Churchill Capital Corp IV (CCIV) stock rose by about 3.5 percent during intraday trading on May 26. The stock rose after Lucid Motors showcased its intuitive user experience with the luxury sedan Lucid Air. What’s the forecast for CCIV SPAC stock before the Lucid merger date? Is it a good stock to buy now?
CCIV is a blank-check company that will be taking luxury electric vehicle company Lucid Motors public through a reverse merger deal. The business combination is expected to be completed in the third quarter of 2021. CCIV stock has been hit hard by a sell-off in EV stocks. At its current price of $19.99, CCIV stock is down 69 percent from its peak.
Key Lucid Motors updates from May 26 event
Lucid Motors, whose superior luxury EVs are setting new standards for sustainable mobility, unveiled the Lucid Air’s user experience. The Lucid Air's interior has two primary touchscreen displays—a 34-inch 5K-resolution curved display across the dash (Glass Cockpit) and the centrally located lower console display (Pilot Panel). The sedan car has a futuristic appearance from a design standpoint.
Voice commands can be used to adjust several of the vehicle’s settings and controls. The vehicle is equipped with Spotify, Apple CarPlay, and iHeartRadio as standard features. Over-the-air (OTA) software updates through integrated mobile and WiFi connectivity will ensure that users receive the most up-to-date experience possible.
CCIV stock is setting stage for a big rally.
I think that CCIV stock is poised to rebound and climb higher. Unlike various other EV companies, Lucid is witnessing strong demand for its luxury cars. The company said that the Air reservations have now reached 9,000. The number was 7,500 when the merger deal was announced in February 2021. The current reservation numbers suggest a sales potential of over $800 million.

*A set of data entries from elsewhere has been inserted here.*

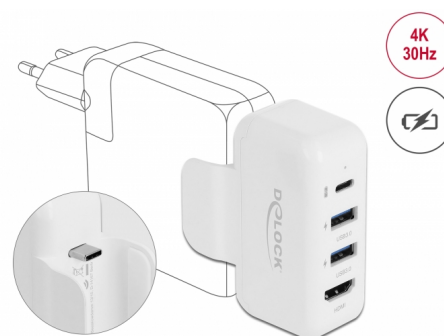

Delock Adapter za Apple napajanje sa značajkama PD i HDMI 4K

Opis

Ovaj adapter tvrtke Delock može se ukopčati u Apple napajanje, npr. MacBook Pro, te nadograđuje napajanje s tri USB ulaza i jednim HDMI ulazom. USB ulazi mogu se koristiti za istovremeno punjenje do tri USB uređaja, ili kada su spojeni na prijenosno računalo ili tablet, USB Tipa-A ulazi mogu se koristiti kao USB 3.0 koncentrador. Dodatni monitor može se spojiti na HDMI ulaz.

Čvrsto držite napajanje

Zbog USB Type-C™ utikača i bočnih pridržiavača adapter je sigurno pričvršćen na napajanje.

Predmet br. 64080

EAN: 4043619640805

Zemlja podrijetla: China

Pakiranje: Retail Box

Tehnički podaci

- Priključak:
 - 1 x USB Type-C™, muški
 - 1 x USB Type-C™ ženski priključak za električno napajanje
 - 2 x USB 3.0 Tip-A ženski - specifikacija BC1.2 za punjenje baterije
 - 1 x HDMI-A ženski
- USB Power Delivery (PD) 3.0
- Izlaz:
 - USB Type-C™ napajanje (PD):
 - maks. 48 W na 61 W Apple napajanju, maks. 74 W na 87 W Apple napajanju
 - USB Tipa-A ženski s BC 1.2 5 V / 1,5 A
- Zaštita od preopterećenja
- Zaštita od previsoke struje
- Zaštita od pregrijavanja
- Zaštita od kratkog spoja
- Razlučivost 3840 x 2160 @ 30 Hz (ovisno o sustavu i spojenom hardveru)
- Prijenos audio i video signala
- 1 x LED indikator
- Boja: bijela

- Mjere (DxŠxV): oko 74 x 59 x 34 mm

Preduvjeti sustava

- Napajanje Apple od 61, 87 ili 96 W s USB-C™ ženskim priključkom

Sadržaj pakiranja

- Adapter
- Kabel USB-C™ muški na USB-C™ muški, duljina oko 1 m
- Korisnički priručnik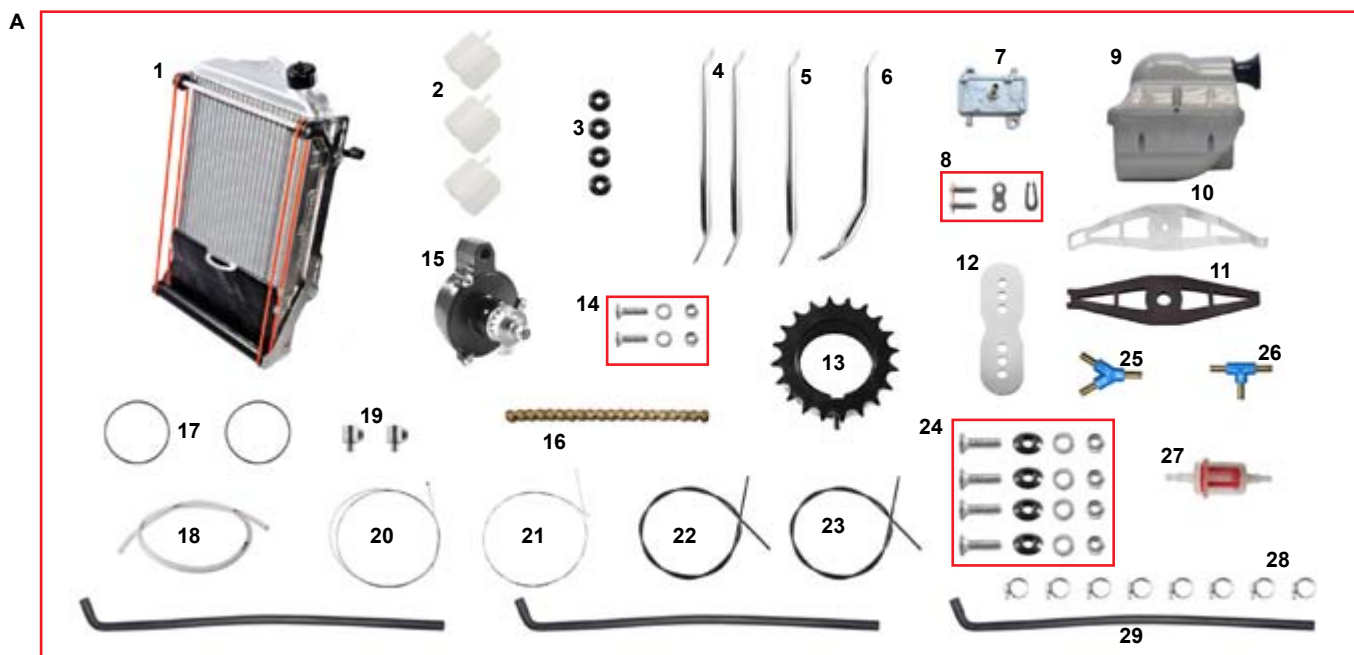

ES	COD.	DESCRIZIONE	ITEMS
A	CRG.50006	Prontogara KZ2 radiatore newline	KZ2 ready to race kit newline radiator

ES	COD.	DESCRIZIONE	ITEMS	Q.TÀ
1	FM0.02463	Radiatore racing completo	Racing radiator complete ATOR	1
2	AFS.00753	Tanica recupero	Recovery tank	3
3	FAN.00260	Rondella 8 sedile all. nera	Alu seat washer black 8	4
4	FC0.01391	Rinforzo sedile 28 diritto	Straight seat support 28	2
5	FC0.01028	Rinforzo sedile 28 sotto marmitta KZ	Curved seat support 28 KZ x exhaust	1
6	FC0.01392	Rinforzo sedile 30 diritto	Straight seat support 30	1
7	AFS.03185	Pompa benzina alluminio P/100 KZ	Fuel pumo alu P/100 KZ	1
8	AMS.00779	Maglia congiunzione catena KZ	Joining link for chain KZ	1
9	AFS.03875	Filtro aria nitro 30 KZ 8/SA/24 argento	Air filter nitro 30 KZ 8/SA/24 silver	1
10	AML.01933	Supporto filtro aria	Air filter support	1
11	AFS.01935	Spugna adesiva supporto filtro	Sticker sponge for filter	1
12	SC0.01934	Piastrina supporto filtro KZ cromata	KZ filter support	1
13	AFS.00797Z25	Corona KZ 50 ergal Z25	Sprocket KZ D50 T25	1
14	PMV.FILTRO	Kit viti montaggio filtro aria	Screw mounting kit air filter	1
15	FM0.00762	Pompa acqua nera completa	Water pump complete black	1
16	AMS.00671	Catena al metro KZ standard	Chain KZ per meter	1
17	AFN.00248	Cinghiolo pompa acqua 2000	Water pump driving belt 2000	2
18	AMS.00139	Tubo benzina al metro	Fuel pipe	3
19	AFS.00514	Morsetto filo	Cable clamp	2
20	AFS.00515	Filo gas	Gas cable	1
21	AFS.01364	Filo frizione	Clutch cable	1
22	AMS.00516	Guaina filo D6 frizione	Outer cable D6 for clutch	2
23	AMS.01370	Guaina filo D5 gas standard	Outer cable D5 for gas cable	1,5
24	FK0.01392	Kit viti rinforzo sedile	Reinforce seat screw assy kit	4
25	AFS.01981	Raccordo Y festo	Y-fitting festo	1
26	AFS.01982	Raccordo T festo	T-fitting festo	1
27	AFS.01016	Filtro benzina	Fuel filter	1
28	AFN.00776	Fascetta acciaio 16-25 radiator	Radiator steel band 16-25	8
29	AFS.00761	Tubo acqua curvo	Curved water pipe	3

Lucid is on track to start customer deliveries in the second half of 2021. The company plans to deliver less than 1,000 vehicles in 2021 and 20,000 in 2022. Lucid is targeting 135,000 vehicle deliveries in 2025.
Lucid Motors is a good long-term investment.
At CCIV’s current stock price, Lucid is valued at around $31.8 billion. In the investor presentation, Lucid said that it expects to post revenues of $97 billion in 2021, which would mean a 2021 price-to-sales multiple of 327.8x. Since Lucid is a high-growth EV stock, the company’s 2025 price-to-sales multiple of 2.3x looks much more attractive.
CCIV stock versus warrants
The CCIV SPAC warrant is trading on the NYSE under the ticker symbol “CCIV.WS.” On May 27, CCIV.WS was trading at $8.05, while CCIV stock was trading at $19.77. The exercise price of the CCIV warrant, like other SPAC warrants, is $11.50. This suggests an arbitrage opportunity of $0.22 if the warrant is exercised.
CCIV stock will go up
CCIV stock has the potential to go up due to Lucid’s robust growth outlook. Like Tesla, Lucid can be a million-maker stock if the company is able to deliver on its promises.